### YOUR OBJECTIVE
Repeat every entry exactly as it stands. Omit the images.

### INPUT MATERIAL
───

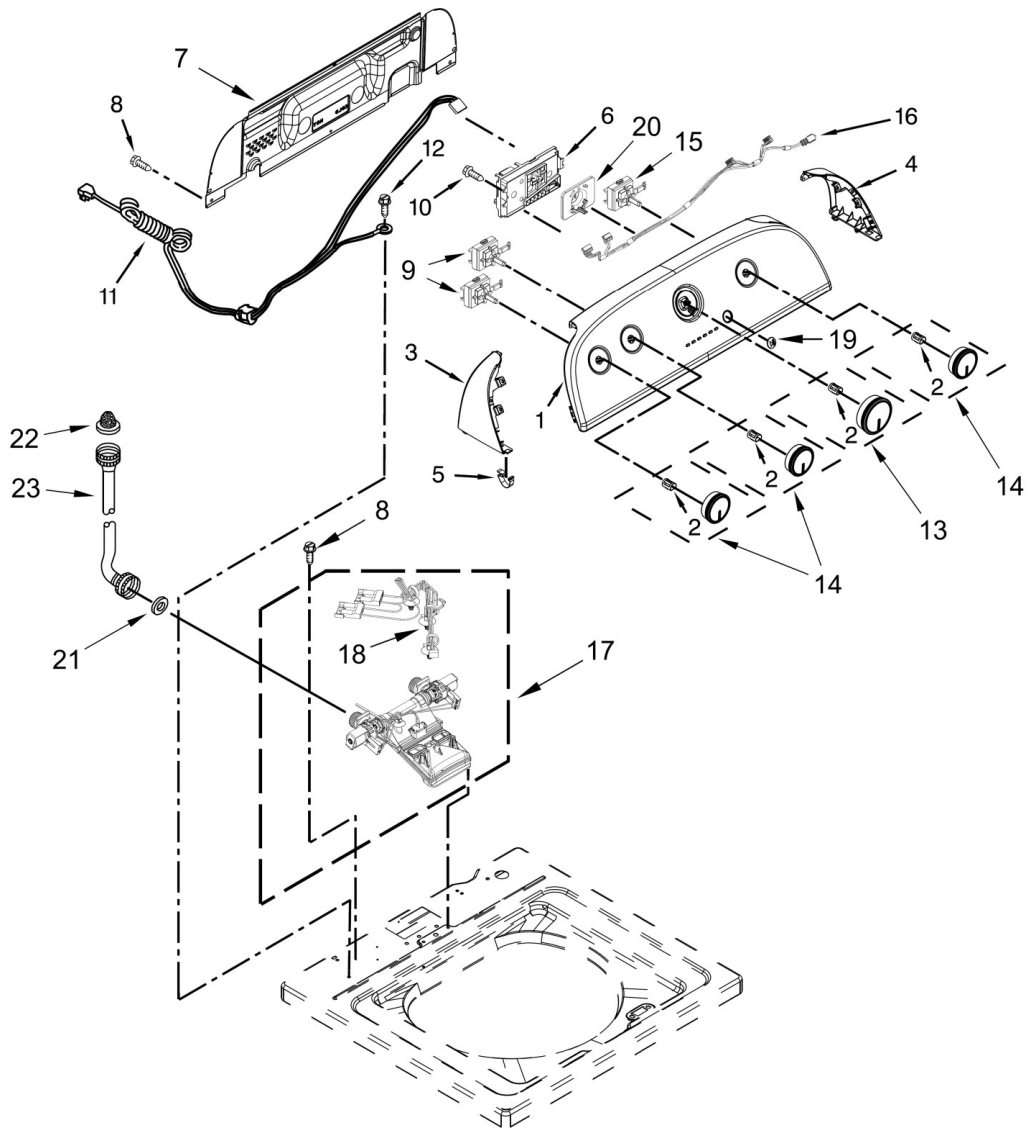

Lavadora Whirlpool 7MWTW1904DM1

Lavadora Whirlpool 7MWTW1904DM1

No. Ilus.	DESCRIPCIÓN	Cant.	No. de Parte
1	Instrucciones		No servicable
2	Panel Superior	1	W10251319
3	Tapa y Tope	1	W10027624
4	Tope, Tapa	1	9724509
5	Tornillo		No servicable
6	Bisagra	1	91770
7	Tornillo		No servicable
8	Strike, Candado de tapa	1	W10240513
9	Tornillo		No servicable
10	Dispensador, Blanqueador	1	W10192089
11	Bezel, Candado de tapa	1	W10392041
12	Bearing, Candado de bisagra	1	21258
13	Clip, Arnés	1	90016
14	Latch, Candado de tapa	1	W10404050
15	Tornillo (Inoxidable)	1	8281163
16	Cubierta, Gabinete	1	W10250884
17	Gabinete		No servicable
18	Soporte Frontal	1	W10215098
19	Soporte Trasero	1	W10512626
20	Tornillo		No servicable
21	Abrazadera	1	356138
22	Pata Niveladora	1	W10397994
23	Cincho		No servicable
24	Tornillo		No servicable
25	Cubierta, Arnés	1	W10676061
26	Tornillo		No servicable
27	Manguera, Drenaje	1	W10221546
28	U-Bend, Manguera Drenaje	1	W10280024

Lavadora Whirlpool 7MWTW1904DM1

Lavadora Whirlpool 7MWTW1904DM1

No. Ilus.	DESCRIPCIÓN	Cant.	No. de Parte
1	Fascia, Panel	1	W10643281
2	Clip, Resorte	4	8536939
3	Cubierta (Izquierda)	1	W10520782
4	Cubierta (Derecha)	1	W10520780
5	Clip, Panel	1	8312709
6	Tarjeta Control	1	W10658739
7	Panel trasero	1	W10552335
8	Tornillo		No servicable
9	Control de temperatura	2	W10285512
10	Tornillo		No servicable
11	Cable de corriente	1	W10525194
12	Tornillo		No servicable
13	Perilla, Timer	1	W10576634
14	Perilla, Control	3	W10576636
15	Interruptor rotativo	1	W10285511
16	Arnés	1	W10579238
17	Electroválvula	1	W10472844
18	Arnés	1	W10423127
19	Botón de inicio	1	W10596298
20	Soporte, botón de inicio	1	W10598040
21	Arandela, inlet hose	1	W10242307
22	Arandela, inlet hose	1	3976300
23	Manguera, agua fría	1	W10194210
	Manguera, agua caliente	1	W10194211
24	Kit perillas (Incluye 13 y 14)	1	W10756270

───

### EXERCISE SOLUTION
Lavadora Whirlpool 7MWTW1904DM1

Lavadora Whirlpool 7MWTW1904DM1

No. Ilus.	DESCRIPCIÓN	Cant.	No. de Parte
1	Instrucciones		No servicable
2	Panel Superior	1	W10251319
3	Tapa y Tope	1	W10027624
4	Tope, Tapa	1	9724509
5	Tornillo		No servicable
6	Bisagra	1	91770
7	Tornillo		No servicable
8	Strike, Candado de tapa	1	W10240513
9	Tornillo		No servicable
10	Dispensador, Blanqueador	1	W10192089
11	Bezel, Candado de tapa	1	W10392041
12	Bearing, Candado de bisagra	1	21258
13	Clip, Arnés	1	90016
14	Latch, Candado de tapa	1	W10404050
15	Tornillo (Inoxidable)	1	8281163
16	Cubierta, Gabinete	1	W10250884
17	Gabinete		No servicable
18	Soporte Frontal	1	W10215098
19	Soporte Trasero	1	W10512626
20	Tornillo		No servicable
21	Abrazadera	1	356138
22	Pata Niveladora	1	W10397994
23	Cincho		No servicable
24	Tornillo		No servicable
25	Cubierta, Arnés	1	W10676061
26	Tornillo		No servicable
27	Manguera, Drenaje	1	W10221546
28	U-Bend, Manguera Drenaje	1	W10280024

Lavadora Whirlpool 7MWTW1904DM1

Lavadora Whirlpool 7MWTW1904DM1

No. Ilus.	DESCRIPCIÓN	Cant.	No. de Parte
1	Fascia, Panel	1	W10643281
2	Clip, Resorte	4	8536939
3	Cubierta (Izquierda)	1	W10520782
4	Cubierta (Derecha)	1	W10520780
5	Clip, Panel	1	8312709
6	Tarjeta Control	1	W10658739
7	Panel trasero	1	W10552335
8	Tornillo		No servicable
9	Control de temperatura	2	W10285512
10	Tornillo		No servicable
11	Cable de corriente	1	W10525194
12	Tornillo		No servicable
13	Perilla, Timer	1	W10576634
14	Perilla, Control	3	W10576636
15	Interruptor rotativo	1	W10285511
16	Arnés	1	W10579238
17	Electroválvula	1	W10472844
18	Arnés	1	W10423127
19	Botón de inicio	1	W10596298
20	Soporte, botón de inicio	1	W10598040
21	Arandela, inlet hose	1	W10242307
22	Arandela, inlet hose	1	3976300
23	Manguera, agua fría	1	W10194210
	Manguera, agua caliente	1	W10194211
24	Kit perillas (Incluye 13 y 14)	1	W10756270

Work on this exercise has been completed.